How to Use This Calculator

  1. 1

    Enter Loan Amount

    Input the total principal amount of the balloon loan.

  2. 2

    Enter Interest Rate

    Input the annual interest rate as a percentage.

  3. 3

    Enter Loan Term

    Input the total amortization period in years for calculating the balloon amount.

  4. 4

    Enter Balloon Payment Term

    Input the number of years after which the balloon payment comes due.

  5. 5

    Enter Monthly Payment

    Input the monthly payment amount you will be making.

Example Calculation

A $150,000 balloon loan at 6.5% with a 10-year amortization term, a 5-year balloon term, and $900 monthly payments.

Loan Amount

$150,000

Interest Rate (Annual)

6.5%

Loan Term

10 years

Balloon Payment Term

5 years

Monthly Payment

$900

Result

Balloon payment amount: approximately $140,498. Total paid over 5 years: $54,000. Total interest paid: approximately $44,498.

Tips

Understand the Risk

Balloon loans require a large lump sum at the end. Make sure you have a reliable plan to pay or refinance when the balloon comes due.

Save Separately for the Balloon

Open a dedicated savings or investment account specifically for accumulating the balloon payment amount over the loan term.

Check Refinancing Terms Early

Begin exploring refinance options at least a year before the balloon payment is due to avoid being caught off-guard by unfavorable market conditions.

Frequently Asked Questions

How is the balloon payment amount calculated?

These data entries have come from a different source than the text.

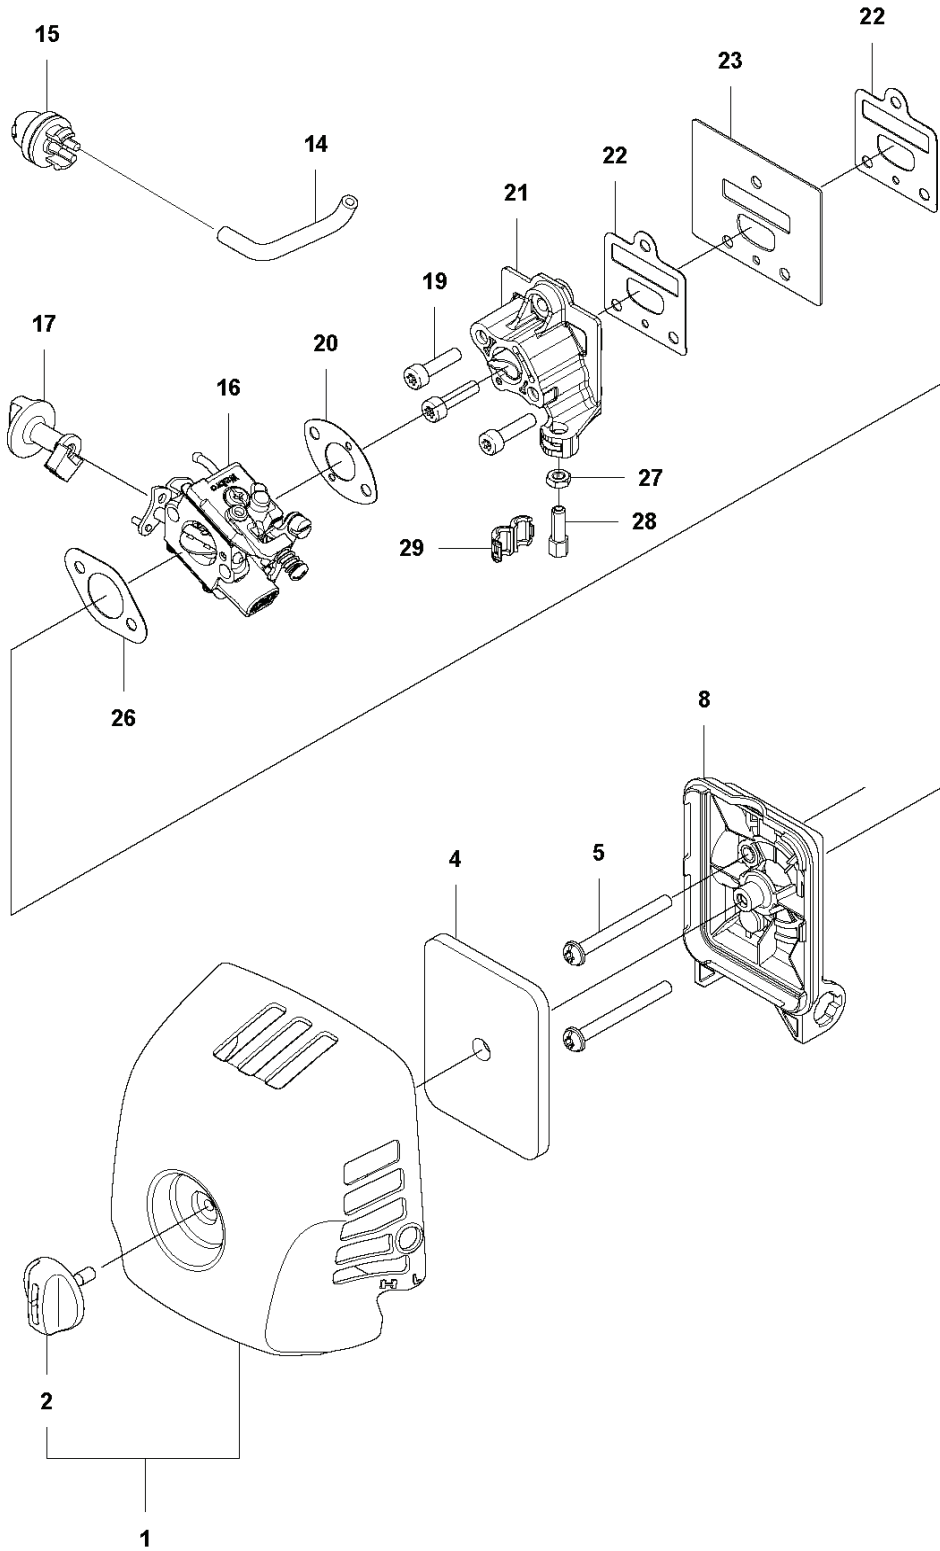

J 543RS For China
CARBURETOR & AIRFILTER

BRUSHCUTTERS/CLEARING SAWS

PXM_REF	PXM_PARTNO	DESCRIPTION	PXM_REMARK	QTY.
1	577980002	CUBIERTA DE FILTRO DE AIRE		1
2	577979801	TURNING KNOB		1 1
4	501185001	FILTRO DE AIRE		1
5	521515501	TORNILLO		2
8	576685501	SOPORTE		1
14	577509501	TUBO		1
15	503936601	PURGE		1
16	588777003	CARBURADOR		1
17	577133101	MANDO DE ESTRANGULADOR		1
19	506689001	PERNO		3
20	577673801	JUNTA		1
21	576685801	ESPACIADOR		1
22	576785401	JUNTA		2
23	578115301	PLACA		1
26	577882402	JUNTA		1
27	510487401	TUERCA		1
28	577177201	TORNILLO		1
29	577133201	ARTICULACIÓN		1

The balloon payment equals the future value of the loan balance after making the specified monthly payments over the balloon term. It uses the formula: Balloon = Principal * (1+r)^n - Payment * ((1+r)^n - 1) / r, where r is the monthly rate and n is total payments based on the loan term.

What is the difference between balloon term and loan term?

The loan term is the amortization period used to determine the balloon amount (what the balance would be if payments continued for the full term). The balloon term is when the remaining balance actually comes due as a lump sum. Regular payments are made for the balloon term only.

Can I make larger monthly payments to reduce my balloon amount?

Yes. Higher monthly payments reduce the outstanding balance faster, which directly reduces the balloon payment amount. Use this calculator with different monthly payment amounts to see how they affect the final balloon payment.

What are typical balloon loan terms?

Commercial balloon loans commonly have 3, 5, 7, or 10-year balloon terms with 15-30 year amortization schedules. The shorter the balloon term relative to the amortization period, the larger the balloon payment will be. Most residential balloon mortgages use 5 or 7-year terms.